§ About this task
Nothing but the text of the records belongs in your answer: repeat all of it exactly and leave out the images.

§ Material to process
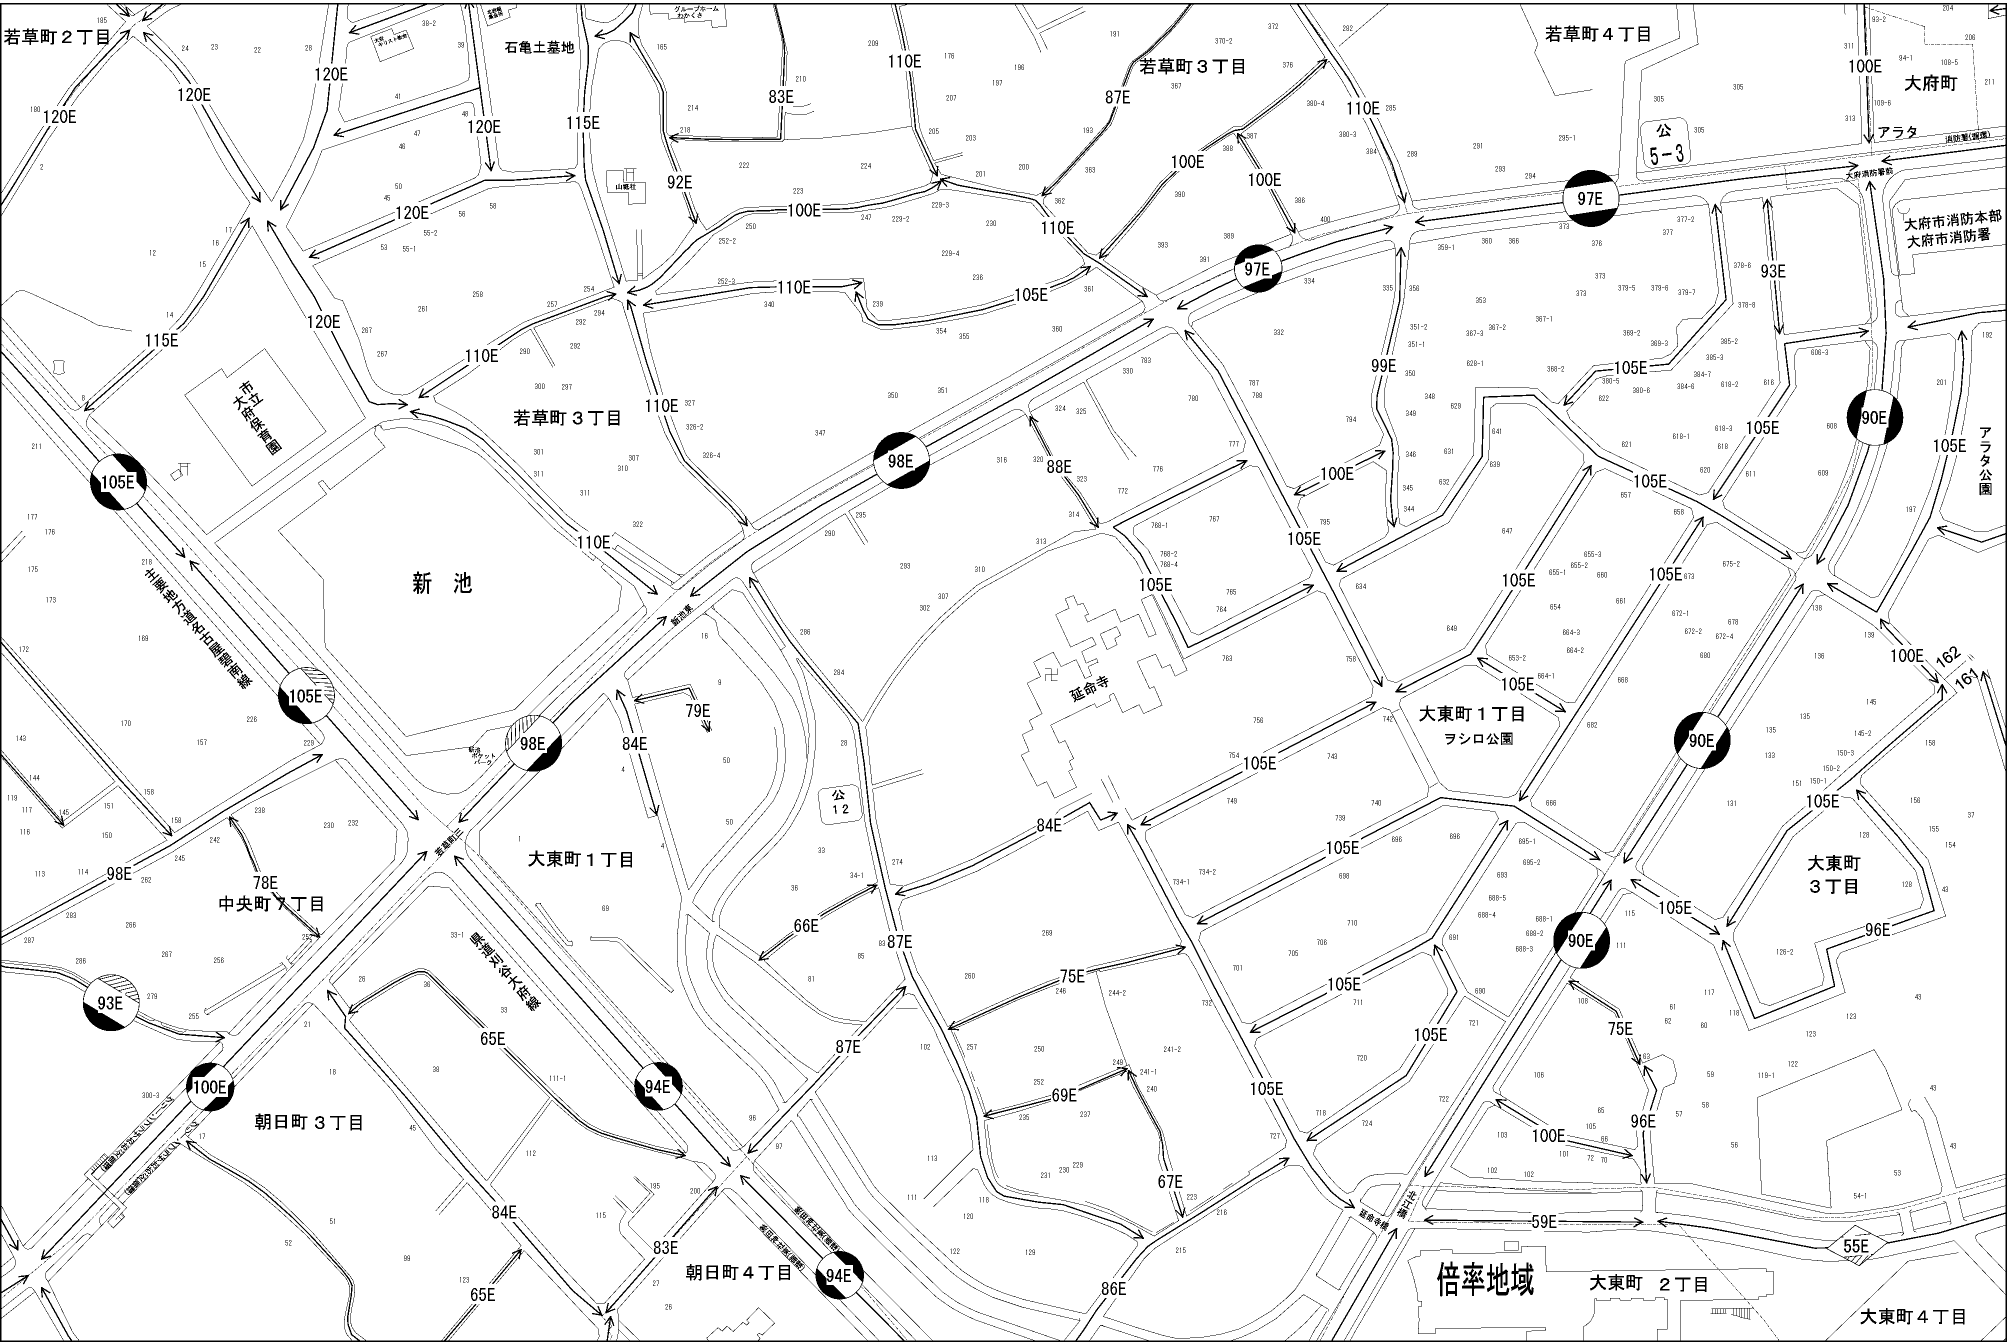

ビル街地区 高度商業地区 繁華街地区 普通商業・併用住宅地区 中小工場地区 大工場地区 普通住宅地区

記号	借地割合	記号	借地割合
A	90%	E	50%
B	80%	F	40%
C	70%	G	30%
D	60%		

大府市  
(半田署)

大府市消防本部  
大府市消防署

アラタ公園

大東町3丁目

大東町4丁目

§ Task output
ビル街地区 高度商業地区 繁華街地区 普通商業・併用住宅地区 中小工場地区 大工場地区 普通住宅地区

記号	借地割合	記号	借地割合
A	90%	E	50%
B	80%	F	40%
C	70%	G	30%
D	60%		

大府市  
(半田署)

大府市消防本部  
大府市消防署

アラタ公園

大東町3丁目

大東町4丁目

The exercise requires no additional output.